I usually stay at State Parks so do a web search on which ever state DNR. Usually they will allow you to reserve sites some where. I also have searched on some the areas I'm interested in going to and looked for campgrounds. I have made some bad choices before, so it is good to ask around for recomedations. I reserve spots when I am traveling far, it usually cost $5 extra to reserve a spot, so it's well worth the extra price to make sure you have a spot. I have went out a couple of times and had to turn around and go home again because there is no spots openned. Usually most campgrounds, public or private anymore will allow you to reserve a spot.

Another spot you can find campgrounds is on Microsoft Streets and Trips. At least its a starting place. Another good website is http://www.freecampgrounds.com/. I also like to explore. if I'm in a new area, I will often visit campgrounds in the area to see if there is any I like. Above all, have fun exploring new areas.


----------



## Northern Wind (Nov 21, 2006)

I ask people, I carry a note book in the fiver and when ever we meet people and get talking at camp grounds I ask where they have been and what they liked. Word of mouth is the best, people will tell you lots of things that the books won't.
Listen and learn!

Steve


----------



## N7OQ (Jun 10, 2006)

I use every thing I can word of mouth, books and maps and Sunday drives. Reserve America is good for the State and Federal campgrounds but I don't think their campground info is very accurate, I have seen were they say 24" max trailer and when I get there I walk around and measure sites and have found sites as long as 80' and they say 24' max and I'm not talking about 1 or 2 sites but a bunch of them. I don't know who does the measuring but they use the 24' max a lot.

We have freelanced it was well just took off and stayed at campgrounds we find on the way. Now I did this with my Tent trailer but a little afraid to try it with the Outback. We did this in Or, WA and Id and never had a problem getting a campsite just made sure we were pulling into a campground early in the afternoon at a first come first server campground. We had more fun doing this and stayed at a lot of great places.


----------



## Kyoutbacker (Apr 26, 2006)

If we can, we try to make a trip to a new site during the winter to check it out and find the best campsite. (Makes for a good winter blah break.) Then we will reserve it either on the state park websites or reserve america.

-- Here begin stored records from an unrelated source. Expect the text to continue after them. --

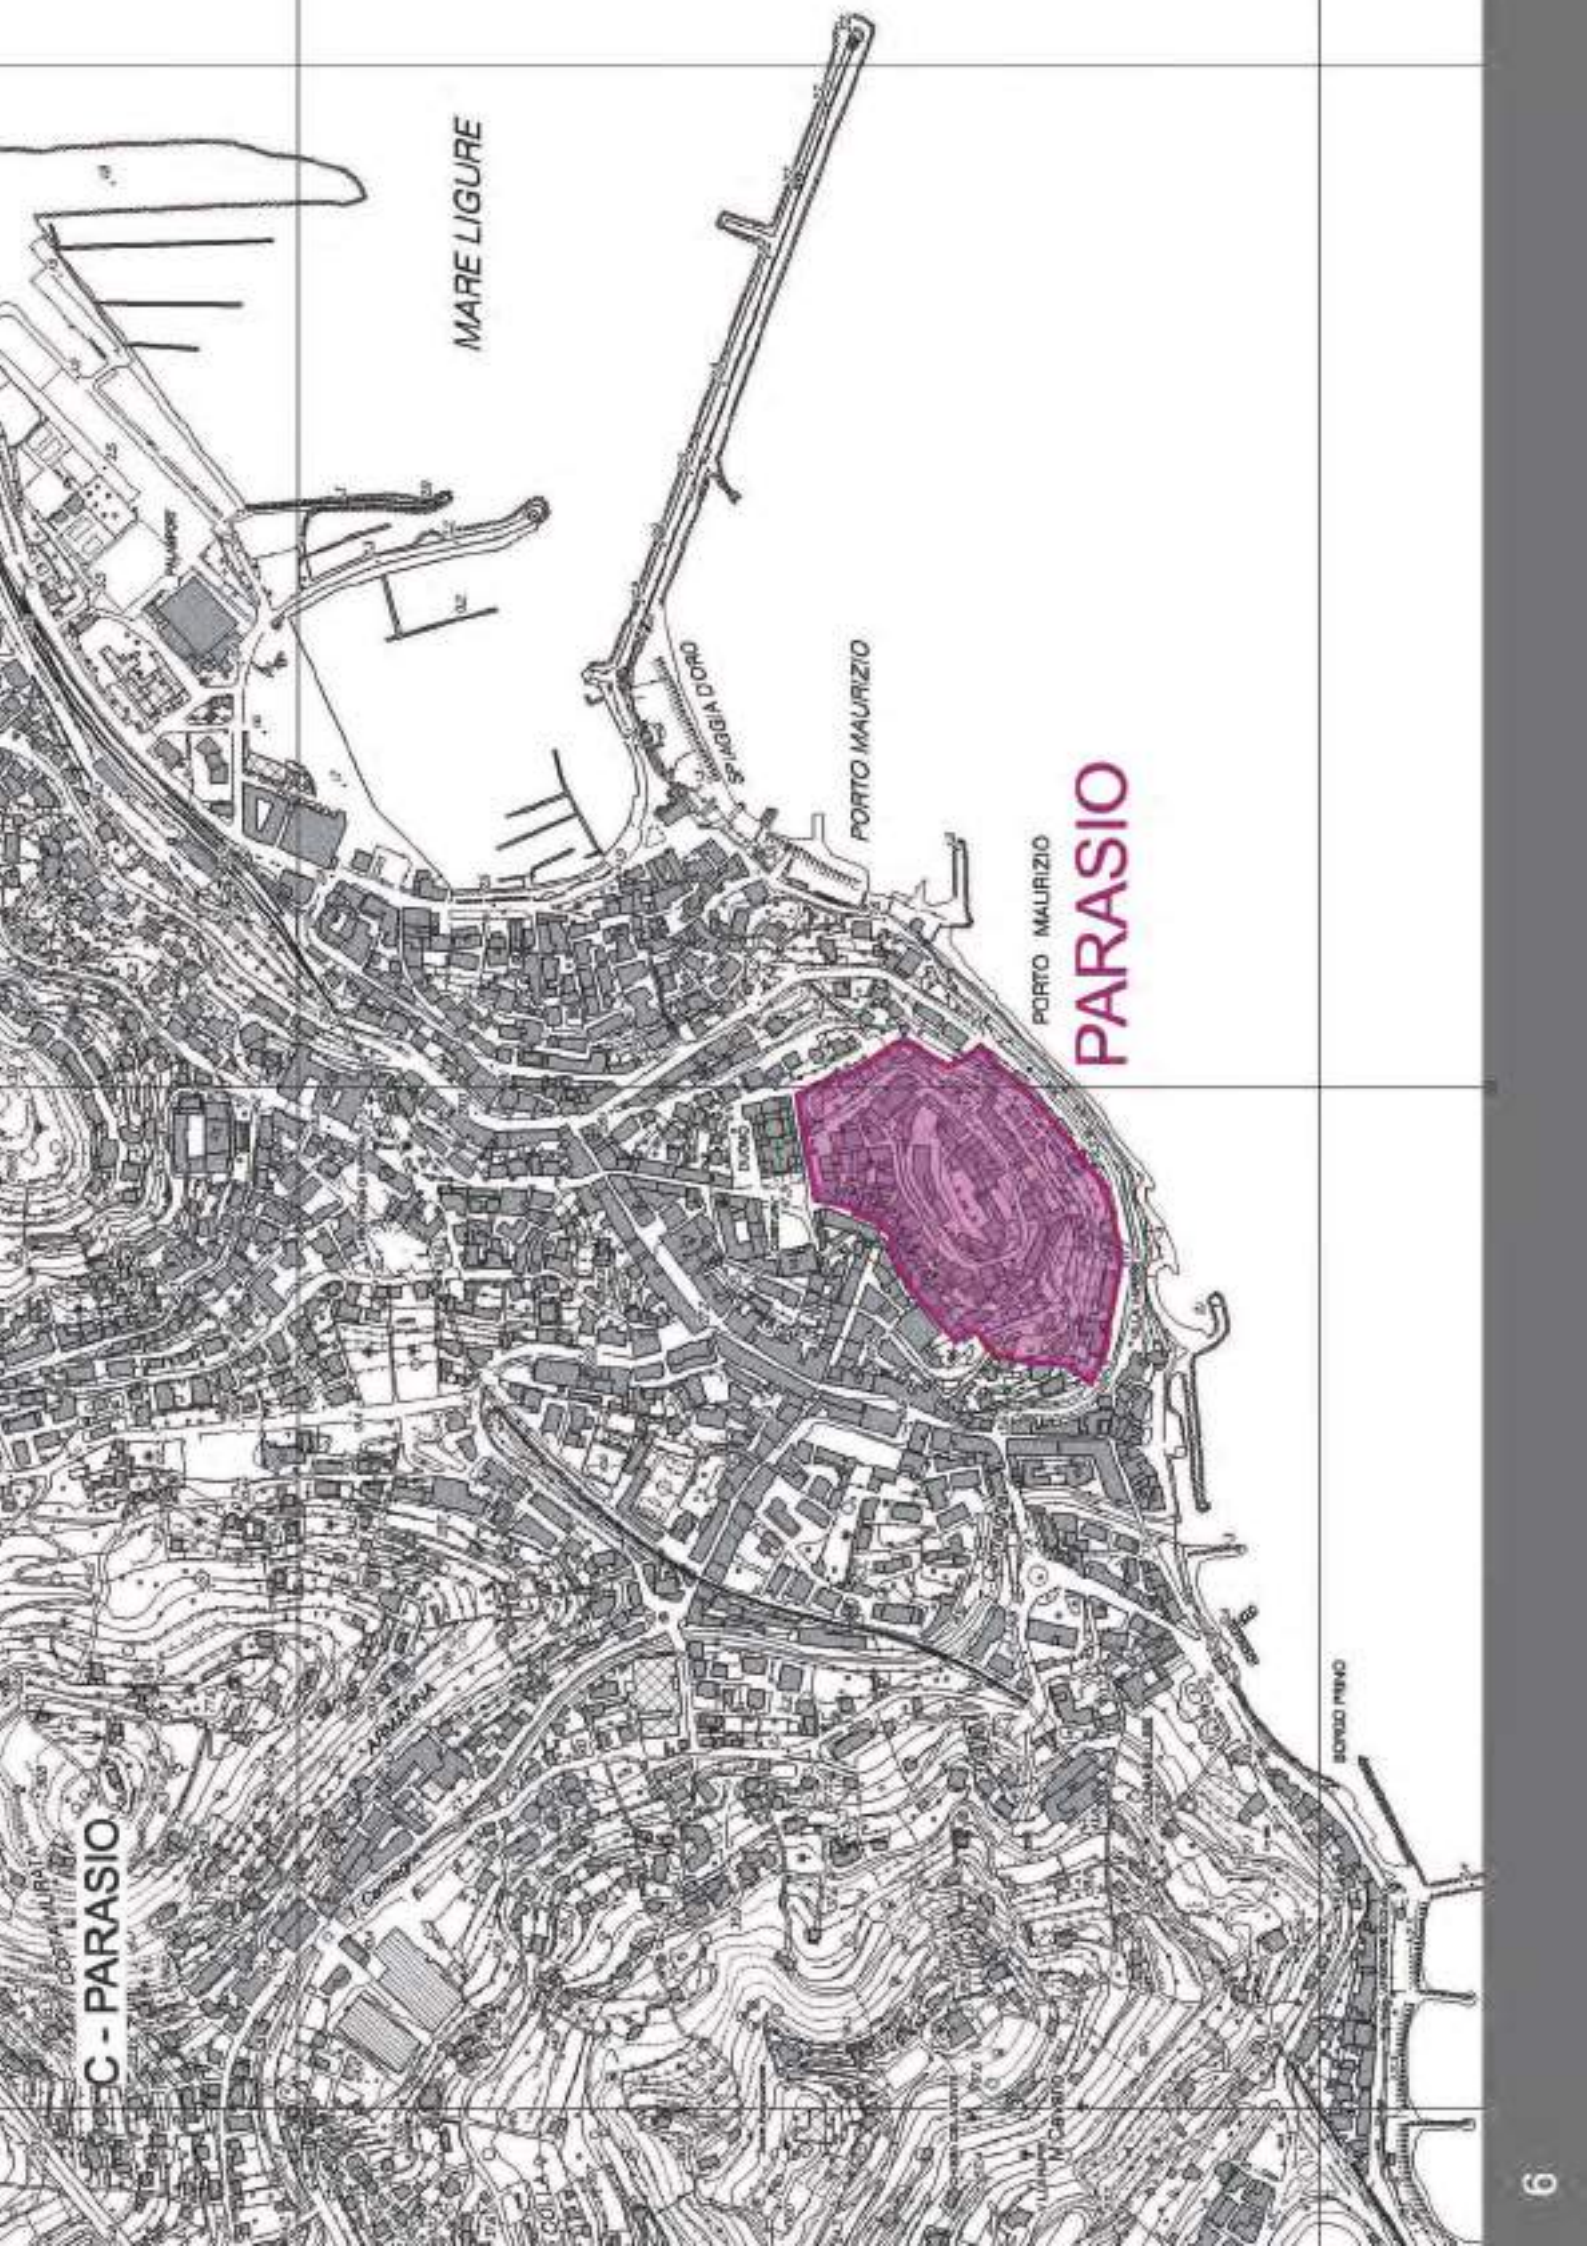

MARE LIGURE

SPAGLIA D'ORO

PORTO MAURIZIO

PORTO MAURIZIO

PARASIO

C - PARASIO

CANAL PRIMO
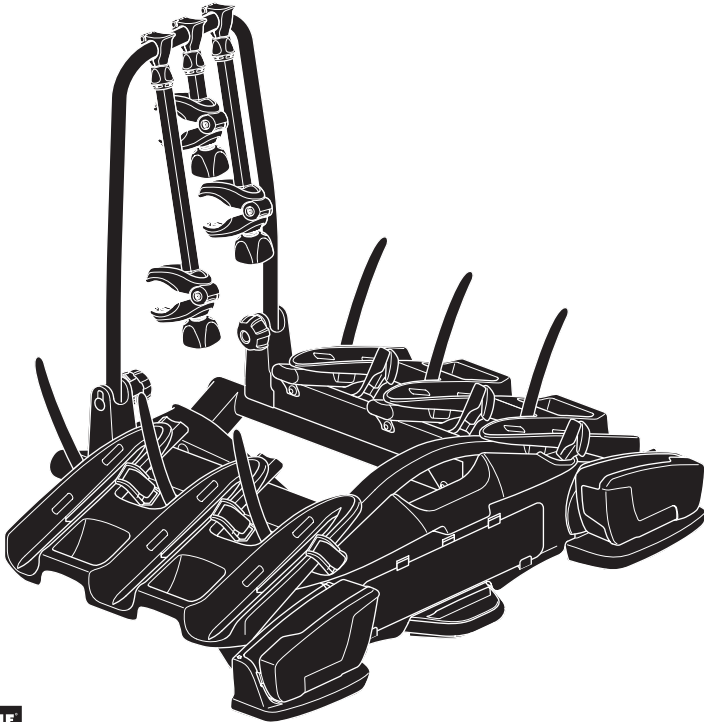

➤ Instructions

Thule VeloCompact 926, 927

- EN** Tow bar-mounted bike carrier
DE Fahrradträger für die Anhängerkupplung
FR Porte-vélos sur boule d'attelage
NL Fietsdrager voor op de trekhaak
IT Portabici da installare sul gancio da traino
ES Portabicicletas de bola de remolque
PT Suporte para bicicleta para engate
SV Dragkroksmonterad cykelhållare
DK Cykelholder, der er monteret på anhængertræk
NO Hengerfestemonteerte lasteholdere
FI Vetokoukkuun kiinnitettävä polkupyöräteline
ET Haakekonksule paigaldatav jalgrattahoidik
LV Uz piekabes āķa uzstādāms velosipēdu turētājs
LT Prie gražūlo tvirtinami dviračių laikikliai
PL Bagażnik rowerowy montowany na haku holowniczym
RU Устанавливаемое на фаркопе крепление для велосипедов
UK Багажник для велосипедів, що монтується на буксирній штанзі
BG Багажник за велосипеди, монтиран на теглича
CS Nosič jízdních kol s montáží na tažné zařízení
SK Nosič bicyklov s montážou na ťažné zariadenie
SL Prtljažnik za kolesa za na vlečno kljuko
HR/BiH Nosač bicikla koji se postavlja na kuku za vuču
RO Suport pentru bicicletă montat pe bara de tracțiune
HU Vonóhórogra szerelhető kerékpártartó
EL Στήραρ ποδηλάτου κοτσαόροφου
TR Çeki demirine bağlanan bisiklet taşıyıcı
HE מנשא אופניים למארב על הוואה
AR حامل الدراجة للتثبيت على قضيب القطر
ZH 拖杆安装式托架
JA トウバーマウント型サイクルキャリア
KO 투우바 장착 자전거 캐리어
TH ครองยึดจับจักรยานแบบติดตั้งกับอุปกรณ์ลากพ่วงท้ายรถ

926002

CITY CRASH
Complies with ISO norm

927002

CITY CRASH
Complies with ISO norm

i

i

50 kg
60 kg
65 kg
70 kg
75 kg
80 kg
>85 kg

Max 31 kg
Max 41 kg
Max 46 kg
Max 51 kg
Max 56 kg* 
Max 60 kg* 
Max 60 kg* 
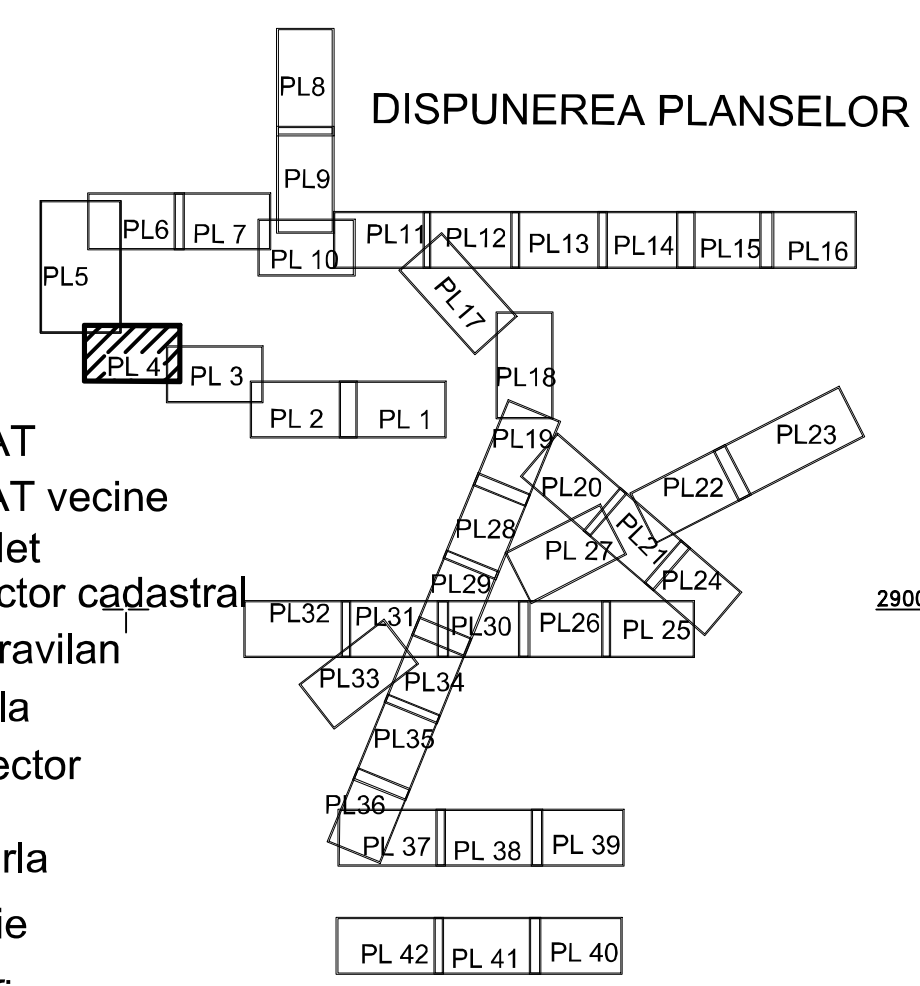

PLAN CADASTRAL

UAT MOTATEI, JUDEȚUL DOLJ

Sector 0

SCARA 1:2000, sistem de proiecție STEREO 70

SPRE PUBLICARE

DISPUNEREA PLANSELOR

LEGENDA

- Limita UAT
- Limita UAT vecine
- Limita judet
- Limita sector cadastral
- Limita intravilan
- Limita tarla
- 0 Numar Sector
- T32 Numar tarla
- De 327, Dig 32 Toponimie
- Hidrografie
- Limite constructii definitive
- MOTATEI UAT
- MOTATEI Localități

Executant,
 S.C. TOPOMILENIUM S.R.L.
 ANCPFI: II-DJ, 1652,
 BOTEJA CRISTIAN RADU,
 ANCPFI: A-DJ, 1695
 Data: 10.01.2023

We usually find new sites by word of mouth.

Have found that we usually do not like private campgrounds near an interstate as they usually are like a parking lot. In one case a five star rating had sites so small that we could not put up the awning without hitting the next sites slideout.

We have yet to stay st a "resort" type campground, but I understand most of them are pretty good.

We have not been happy with "Wood...." , the descriptions do not match the sites.









You will find that one person's ideal site might not be yours, because each camper has their own agenda.


----------



## BritsOnTour (Sep 15, 2006)

Wow, thank you so much for all these great suggestions and recommendations.

I tend to agree that word of mouth is the best and I've been checking on the 'good campsites' forum here for ideas. There just seem to be so many options, we felt like we were aimlessly wandering in the dark!

I'll be bookmarking all the reservation and search sites suggested.

Thanks again, Ali


----------



## jedmunson (Apr 14, 2006)

We decide where we want to visit - We have a list of EVERYTHING we want to see in the USA (You would think we made this list in the 60's







)

I google the place plus "campground" and see what comes up...

I check my books - use a Good Sams book and a Frommers to check their ratings...

I search this forum to see whats said (good/bad)....

I search rv.net to see whats said....

I check out the websites again and then pull out my credit card and get it reserved online or make a phone call










So far my system has worked well for us. Have not been disappointed yet and have been pleasantly surprised that some are even better than we thought!!

In the huge scheme of things, its about 30 bucks and one night - if its awful, its a memory and we would find another place. Nothing to get worked up about or loose that much sleep about - its all part of the journey


----------



## jlbabb28 (Feb 27, 2006)

Books then re-search online thanks Al Gore for the internet.

Jeff


----------



## Guest (Jan 15, 2007)

We book through KOA online. They have a mapping route that highlights all the KOA's along whatever route you plan out. Very informative and easy to use

Scott


----------